1 - use Colebrook's equation to find friction factor
2 - find the overall head loss from friction factor and minor losses using delta h = hf + (sigma)hm
3 - plug into steady flow energy equation to find delta p

 

[CycloWizard]

Originally posted by: Howard
Sorry about that. Yes, that just about explains all I need to know. Why should Pp be the same for case 2, though?

All things being equal (i.e. constant upstream pressure, constant power), the pump should output the same pressure. If you want to decrease the pressure that the pump is putting out, decrease its power supply (if you have a fancy, variable-speed pump) or downgrade pumps to something less powerful. Since it sounds like you're on a tight budget though, the pump is probably a fixture so you'll just have to make do with what it gives you.
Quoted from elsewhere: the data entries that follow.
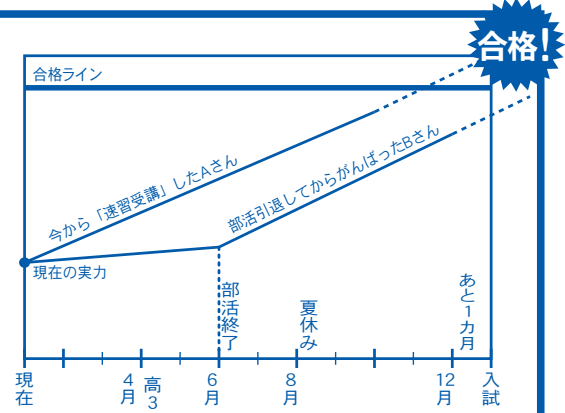

自か分ののハイーンスで高講可能ななど
 かによラリイオンサワと振の替制度な
 いたよリン部活合と格の両立が成
 したたコンがが合日格に自間テ強
 し、活を中ハ心に勉サ強
 も習を中ハ心に勉サ強

合格体験記

志望した大が、大学は難し
 めたが、天賦先生をい
 した。周囲の人たちを
 あっさり合務するこ
 とに早めにはしっか
 りと目標をもちこ
 えて計画的に勉強す
 ることが大切だ。

高2生の皆さん!

入試まであと1年。早めのスタートで、ライバルに差をつけよう!
「代ゼミサテライン」なら今すぐ受験対策に入れます!

- ・「共通テスト」対策
- ・大学別入試対策講座(東大・京大・早慶・関関同立など)
- ・医学部対策・看護系入試対策・小論文対策など

自宅受講可

まずは、無料体験受講へ!

| | | | | |
|------|----------|---------------------------------|--|--|
| 冬期講習 | 高3 | 共通テスト対策講座 (サテライン) | 「共通テスト」の全教科に完全対応。限られた時間内で、速く、正確に高得点を狙う方法を伝授。 | 各講座とも90分×4回 14,000円 |
| | 自宅受講OK! | 大学別入試対策講座 (サテライン) | 東大・京大・一橋大・東工大・東京外大・筑波大・北大・国際教養大・東北大 名古屋大・阪大・神戸大・金沢大・岡大・広大・九大・国公立医学部・早大 慶大・上智大・東京理科大・GMARCH・関関同立 など多数設置 | 17,500円 (90分×5回) など。 講座により異なりますので、詳細はパンフレットをご請求下さい。 |
| | 高3・高2・高1 | 大晦日越年特訓授業 | 12/31(木) 13:00~24:00 「共通テスト」対策 | 22,000円 |
| | 高2 高1 | 難関大受験コース (高松高・一高・三木高生対象) | 難関大合格に向け、現状の成績、目標大学レベルをふまえて、個別に課題を指示します。(個別演習型指導です) | 日程選択制 4日間コース (12/18, 19, 21~26, 28, 1/5~7より選択) 19:30~21:50 17,600円 12/19, 23, 26, 1/6 17:00~19:20 17,600円 |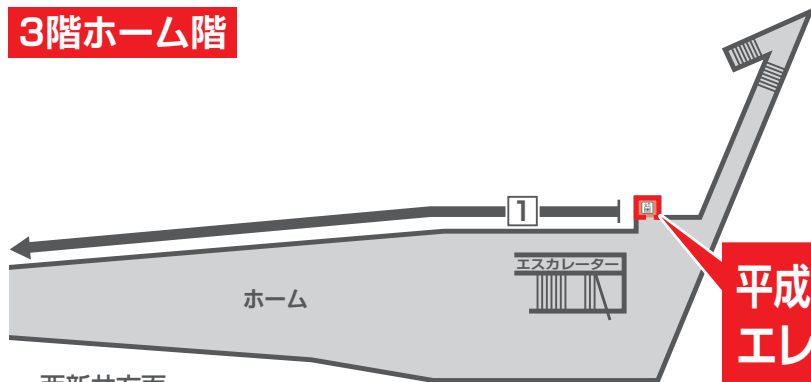

大師線 大師前駅 エレベーター更新工事による 使用停止のお知らせ

いつも東武鉄道をご利用いただきまして、誠にありがとうございます。

大師前駅では、エレベーターの更新工事により、平成29年8月22日(火)から使用停止となります。

ご利用のお客様にはご不便をおかけいたしますが、ご理解とご協力をお願いいたします。

平成29年11月下旬完成予定

◎大師前駅構内略図は次のとおりです◎

3階ホーム階

平成29年8月22日(火)より
エレベーター使用停止

1階改札階

■ = 改修工事箇所

Also, were I to include the minor losses in the calculations, would I be correct in doing this:

1 - use Colebrook's equation to find friction factor
2 - find the overall head loss from friction factor and minor losses using delta h = hf + (sigma)hm
3 - plug into steady flow energy equation to find delta p

1. The Colebrook equation is, IIRC, only for turbulent flow (see here). There are any number of ways to find friction factors, but the easiest way (since you're just doing this once) is to use a plot of friction factor as a function of Reynolds number, which should be in any decent fluild mechanics book (it's in at least three of mine ). Or, since you're easily within the laminar region (assuming vaseline's viscosity and density of water), the friction factor is simply 16/Re, where the Reynolds number (Re) is about 0.062.
2. If I'm reading your notation right, that should be fine.
3. Make sure you're not using the inviscid form of Bernoulli's equation, which is only valid for inviscid flow (that is, flow where viscosity is negligibly small, which is certainly not the case here where viscous forces are dominating). There is a less-known form of Bernoulli's that deals with viscous flows that I'm less familiar with. If you have a copy of Bird, Stewart, and Lightfoot 2002 edition, they solve a problem very similar to yours on p. 205-207. I know there are similar sections in other books, but mine aren't at home at the moment.